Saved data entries
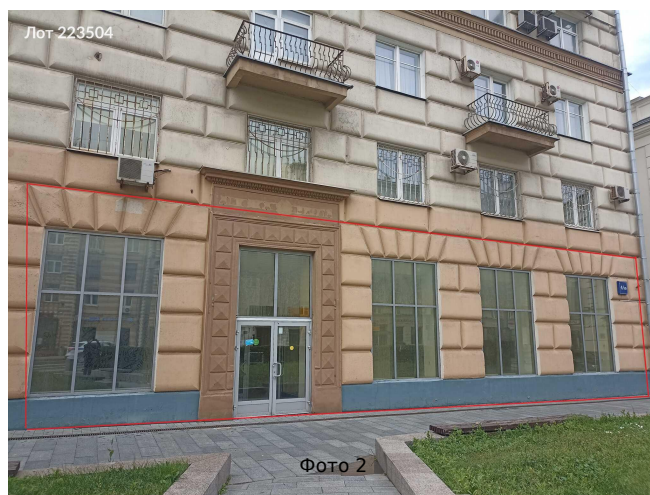

Фотографии объекта
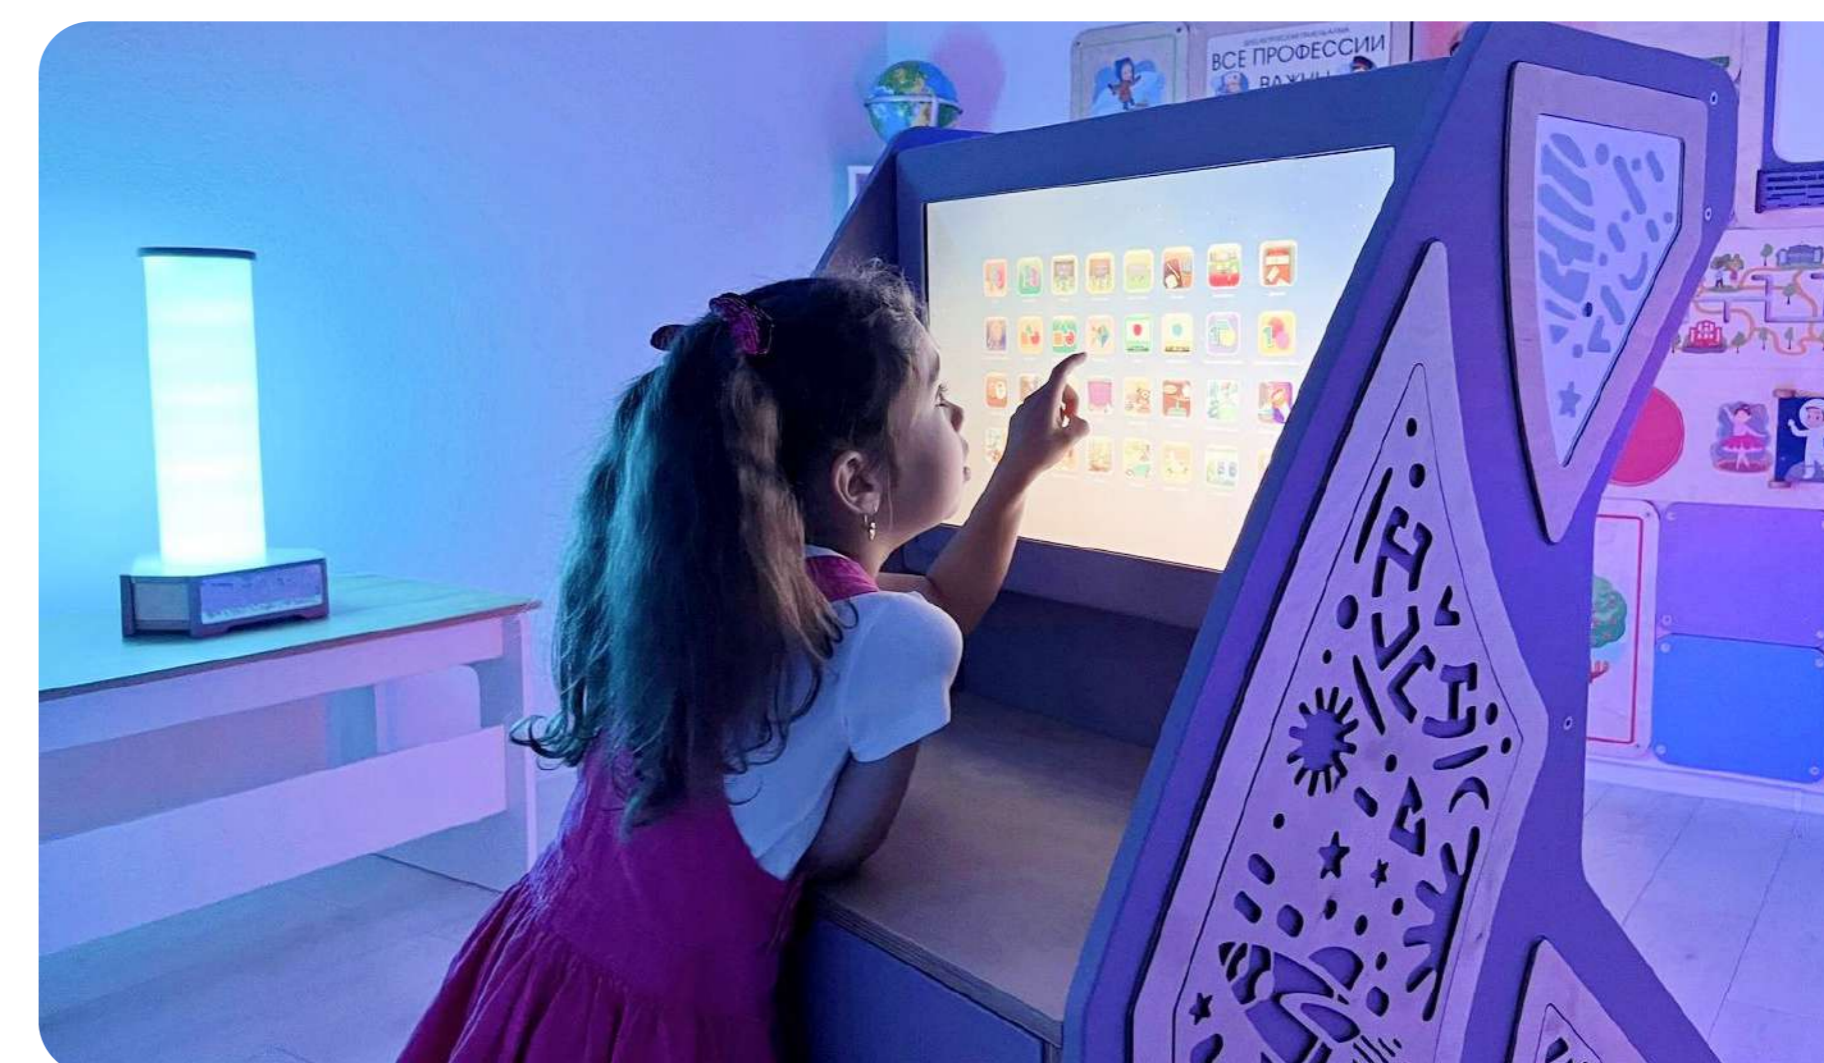

МЕТОДИЧЕСКИЕ ИНТЕРАКТИВНЫЕ КОМПЛЕКСЫ

Интерактивные комплексы от АЛМА ориентированы на реализацию таких образовательных программ. Комплексы сочетают в себе мультимедийные технологии и классические дидактические материалы
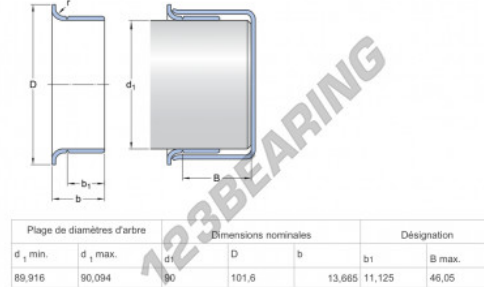

Speedi-Sleeve 99352-SKF - 99352-SKF

<https://www.123kogellager.nl/afdichtingen/toebehoren/speedi-sleeve/99352-skf>

PRODUCTKENMERKEN

Merk	SKF
N° Ean13	85311042529
Binnendiameter	90 mm
Dikte	13 mm
Gewicht	201 g
Verpakking	-
Standaard	Geen standaard
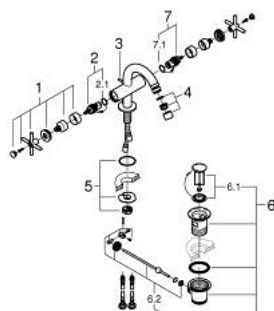

24 353 GN0 ATRIO BATERIJA ZA BIDE 1/2"

PRODUCT DESCRIPTION

- Colour: brushed cool sunrise
- keramičke glave 1/2", 90°
- GROHE LongLife premaz
- brzi instalacijski sistem
- perlator sa kuglastim zglobovom
- savijena izlivna cev
- automatski gornji deo za sifon 1 1/4"
- fleksibilna spojna creva
- s krstastim ručicama
- Two different sets of caps included. One set with "H" and "C" marking, one set without marking.

24 353 GN0 ATRIO BATERIJA ZA BIDE 1/2"

	6.2	180mm
	8	350mm

SPARE PARTS, новембар 2022 – now

- 1: Cross handles (Spare part-nr. 14215GN0)
- 2: Keramička glava 1/2" (Spare part-nr. 45883000)
- 2.1: O-prsten Ø18,2 x Ø1,7 (Spare part-nr. 0392400M)
- 3: Automatska šipka (Spare part-nr. 65196GN0)
- 4: Perlator (Spare part-nr. 06574GN0)
- 5: Sklop za učvršćivanje držača (Spare part-nr. 48409000)
- 6: Set za odliv otpadne vode 1 1/4" (Spare part-nr. 28910GN0)
- 6.1: Utikač (Spare part-nr. 07182GN0)
- 6.2: Noseća osovina (Spare part-nr. 07052000)
- 7: Keramička glava 1/2" (Spare part-nr. 45882000)
- 7.1: O-prsten Ø18,2 x Ø1,7 (Spare part-nr. 0392400M)
- 8: Noseća osovina (Spare part-nr. 07341000)*
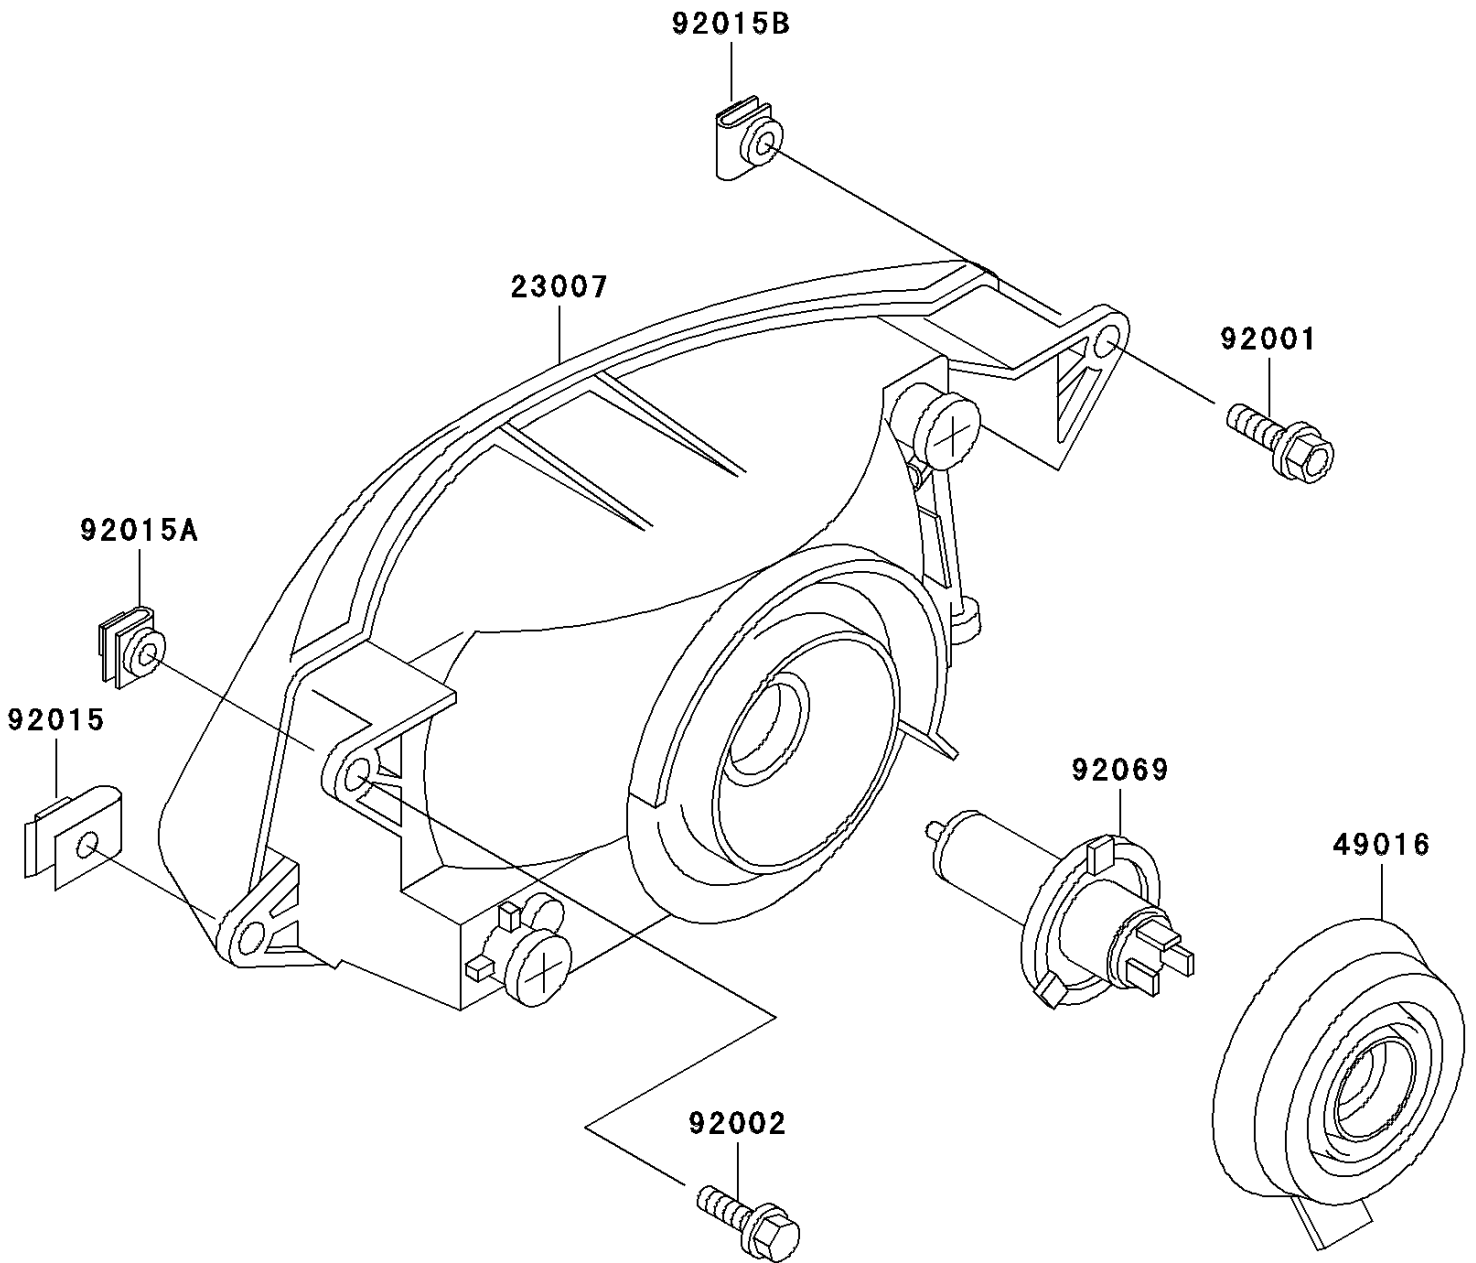

# 1995 Ninja<sup>®</sup> ZX<sup>™</sup>-11 PARTS DIAGRAM

Headlight(s)

F2710

## 1995 Ninja® ZX™ -11 PARTS LIST

### Headlight(s)

ITEM NAME	PART NUMBER	QUANTITY
LENS-COMP,HEAD LAMP (Ref # 23007)	23007-1297	1
COVER-SEAL,HEAD LAMP SOCKET (Ref # 49016)	49016-1137	1
BOLT,6X30 (Ref # 92001)	92001-1776	1
BOLT,6X25 (Ref # 92002)	92002-1320	3
NUT,6MM (Ref # 92015)	92015-1094	2
NUT,CLIP,6MM (Ref # 92015A)	92015-1788	1
NUT,CLIP,6MM (Ref # 92015B)	92015-1917	1
BULB,12V 60/55W,H4 (Ref # 92069)	92069-1002	1

* Requirement
Repeat the lines exactly as they stand, from the opening line of the data through the line with "Speedi-Sleeve 99352-SKF - 99352-SKF". Pictures stay out of the copy.

* Task output
Фотографии объекта

МЕТОДИЧЕСКИЕ ИНТЕРАКТИВНЫЕ КОМПЛЕКСЫ

Интерактивные комплексы от АЛМА ориентированы на реализацию таких образовательных программ. Комплексы сочетают в себе мультимедийные технологии и классические дидактические материалы

Speedi-Sleeve 99352-SKF - 99352-SKF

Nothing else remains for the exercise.